Garry Winogrand was known primarily as a "street photographer." This image, taken at the Democratic National Convention in Los Angeles in 1960, is atypical.
Winogrand's other work just isn't my cuppa. But this particular image, IMHO, is one of the great images of the 20th Century.
It's been widely written how the US presidential election of 1960 was the first to take full advantage of television. Here, Winogrand shows us that impact. Even though the picture is taken a few yards from the speaker's podium, we don't see Kennedy's face directly. Rather, we see his face in the television. Meanwhile, behind Kennedy, we see the mass of cameras, both still and video, taking his picture and broadcasting it around the country. The audience Kennedy is addressing -- the thousands of Democratic delegates -- are "below the horizon" in the space between the podium and the camera stand.
What's not clear from this scan (nor in the plate in the book I scanned it from --
Winogrand: Figments From The Real World , by John Szarkowski) is how breaktakingly crisp the original black-and-white print is. I first saw this image hanging in a gallery in LA, and the tones were so sharp and so deep that if it wasn't a
platinum silver print, it was surely aiming for that level of clarity.
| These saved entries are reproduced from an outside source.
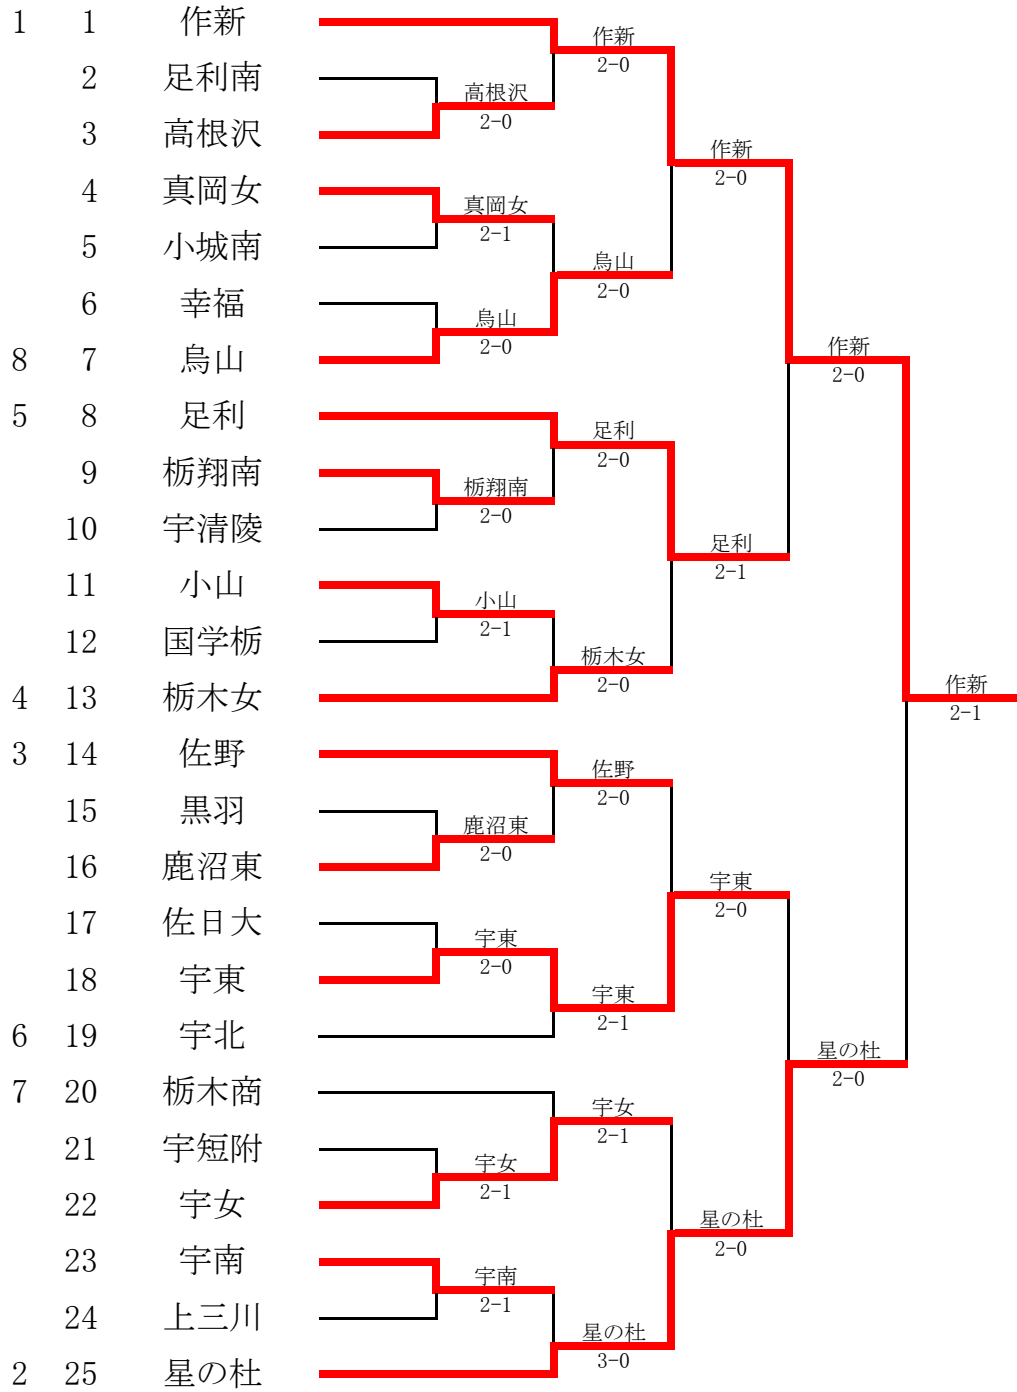

Table with 10 columns representing matches. Match 21: 作新 2-0 国學館. Match 22: 上三川 0-2 宇都宮. Match 23: 足利 2-0 栃木. Match 24: 栃南 0-2 文星附.

準々決勝

Table with 10 columns representing matches. Match 25: 足大附 2-0 宇東. Match 26: 石橋 2-1 宇工. Match 27: 作新 1-2 宇都宮. Match 28: 足利 0-2 文星附.

準決勝

Table with 4 columns representing matches. Match 29: 足大附 2-0 石橋. Match 30: 宇都宮 0-2 文星附.

決勝

Table with 4 columns representing the final match. Match 31: 足大附 2-0 文星附.

Table with 4 columns representing the final match. Match 32: 順位決定戦+回戦. Match 33: 2位決定戦.

令和5年度 全国高等学校総合体育大会 兼 全国高等学校テニス大会栃木県予選会  
 令和5年5月27日(土)  
 真岡市総合運動公園

女子団体

1回戦

	2	足利南	0-2	3	高根沢		4	真岡女	2-1	5	小城南		6	幸福	0-2	7	鳥山		9	新翔南	2-0	10	宇清陵
D1	1	高橋 瑠花 ②	06	2	黒羽 未夢 ③	D1	3	池田 もえ ③	16	1	十河 香苗 ③	D1	2	中村 直央 ③	24打切	2	阿久津 晴加 ③	D1	3	小平 ことは ③	60	3	榎木 のぞみ ②
	2	河野 七星 ③		4	田中 琴美 ③		4	池上 琉夏 ③		2	高瀬 綾香 ③		4	松本 澄伶 ①		4	大金 美穂 ③		4	巻島 經 ③		4	藤田 ねね ②
S1	3	大谷 誠慧夢 ②	06	1	寶島 南 ③	S1	1	羽石 瑠稀 ②	61	3	齋藤 唯依 ③	S1	1	中崎 優 ③	36	1	小磯 美弥 ③	S1	1	武藤 結愛 ③	62	1	大橋 真衣 ②
S2	4	五十嵐 由真 ①	打切	3	浅利 萌華 ③	S2	2	豊田 玲緒 ②	62	4	渡邊 静花 ③	S2	3	堀米 彩生 ②	16	3	白田 紀奈乃 ③	S2	2	上田 光莉 ③	13打切	2	武田 那菜 ②

I think there's a very real visual story being told here. Winogrand is saying that Kennedy's face on the television is more important than Kennedy's actual face. More than that, the national audience television gives him access to is more important than the audience in front of him. Those may seem commonplaces in the media-saturated campaigns of today, but for 1960 it was as revolutionary a message as anything being done directly by the campaigns. The sharpness of the imagery and the deep blacks and bright whites (in the original print, the light coming off Kennedy's hair looks for all the world like the Christmas star) contrast directly with the fuzziness of the cathode ray tube and its palette of muddled greys -- a comment, I think, on the fidelity of how well television represents its subjects.